10. A system for spatial sound image correction in a vehicle, the system comprising:
memory; and
one or more processors in communication with the memory and configured to:
receive a detected amplitude and time delay of two or more speakers, each speaker playing back one or more output channels;
receive a captured frequency spectrum of each output channel of the two or more speakers, wherein each output channel of a first speaker has a symmetrical output channel which is one of the one or more output channels of a second speaker;
receive analyzed power spectrum differences between each output channel of the first speaker and each symmetrical output channel of the second speaker;
receive a computed power spectrum equalizer transfer function for each symmetrical output channel pair;
align the amplitude and the time delay of the two or more speakers;
receive a power spectrum equalizer transfer function for each symmetrical output pair; and
apply the power spectrum equalizer transfer function to each output channel of the two or more speakers in the vehicle, the power spectrum equalizer transfer function derived by a process comprising:
capturing a frequency spectrum of each output channel of the two or more speakers, wherein each output channel of a first speaker has a symmetrical output channel which is one of the one or more output channels of a second speaker;
analyzing power spectrum differences between each output channel of the first speaker and each symmetrical output channel of the second speaker; and
computing a power spectrum equalizer transfer function for each symmetrical output channel pair.

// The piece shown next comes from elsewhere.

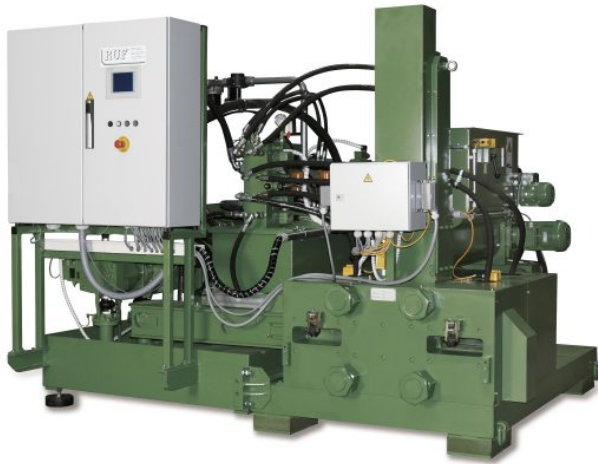

## Effiziente Holz-Brikettieranlage

Artikel vom 5. Dezember 2023  
Ver- und Entsorgungsanlagen

Die neue Brikettieranlage benötigt etwa ein Viertel weniger Energie als das Vorgängermodell (Bild: Ruf).

Der Hersteller hydraulischer Brikettieranlagen [Ruf Maschinenbau](#) hat die neue Brikettieranlage »1200« für Holz und Biomasse entwickelt, die dazu beiträgt, die Ökobilanz der Anwender zu verbessern. Entscheidend dafür ist ein komplett überarbeitetes Hydraulikkonzept, das es ermöglicht, mit einem 55-kW-Hauptmotor die gleiche Leistung zu erzielen wie das beim Vorgängermodell »1100+« mit einem 75-kW-Hauptmotor möglich war. Von großer Bedeutung ist dabei unter anderem ein neuer Eilgangzylinder. Zudem wurde die Ölversorgung der Hydraulik optimiert. In der Folge ergibt sich ein zuverlässiger und sparsamer Betrieb. Im Rahmen erster Messungen bei Testläufen durch den Hersteller konnten Energieverbräuche nachgewiesen werden, die regelmäßig um ein Viertel niedriger lagen als bei der Vorgängeranlage. So können Anwender mit der neuen Anlage gegenüber dem Vorgängermodell hohe Summen an Stromkosten sparen. Der ermittelte Energieverbrauch der neuen Maschine liegt unter 50 kWh/to und damit um nahezu 15 kWh/to niedriger als vorher. Bei angenommenen Stromkosten von 40 ct/kWh entspricht das bei 1000 Tonnen einem Einsparpotenzial von über 5000 Euro.

11. The system of claim 10, wherein the power spectrum equalizer transfer function is computed using a pre-measured frequency response of each output channel of the two or more speakers.
12. The system of claim 10, wherein the power spectrum equalizer transfer function is computed using pre-measured head-related transfer function (HRTF) data based on an azimuth, elevation angle or location in 3D coordinates of the two or more speakers.
13. The system of claim 10, wherein the power spectrum equalizer transfer function is computed using modeled HRTF data based on an azimuth, elevation angle or location in 3D coordinates of the two or more speakers.
14. The system of claim 10, wherein the power spectrum equalizer transfer function is complementary for each symmetrical output channel.
15. The system of claim 10, wherein the power spectrum equalizer transfer function is computed based on head position and rotation information using one or more sensors.
16. The system of claim 15, wherein the one or more sensors include one or more cameras equipped within the vehicle.
17. The system of claim 10, wherein the one or more processors are further configured to:
detect a center sound image based on sound sources from the two or more speakers; and
apply an additional amplitude panning to the center sound image to locate the center sound image to a user's desired position.
18. The system of claim 17, wherein the center sound image is clarified using an additional equalizer.
19. A non-transitory machine-readable medium comprising machine-readable instructions encoded thereon for performing a method of spatial sound image correction, the method comprising:
detecting an amplitude and a time delay of two or more speakers, each speaker playing back one or more output channels;
aligning the amplitude and the time delay of the two or more speakers;
capturing a frequency spectrum of each output channel of the two or more speakers, wherein each output channel of a first speaker has a symmetrical output channel which is one of the one or more output channels of a second speaker;
analyzing power spectrum differences between each output channel of the first speaker and each symmetrical output channel of the second speaker;
computing a power spectrum equalizer transfer function for each symmetrical output channel pair; and
applying the power spectrum equalizer transfer function to each output channel of the two or more speakers.
20. The non-transitory machine-readable medium of claim 19, wherein the power spectrum equalizer transfer function is computed using modeled HRTF data based on an azimuth, elevation angle or location in 3D coordinates of the two or more speakers.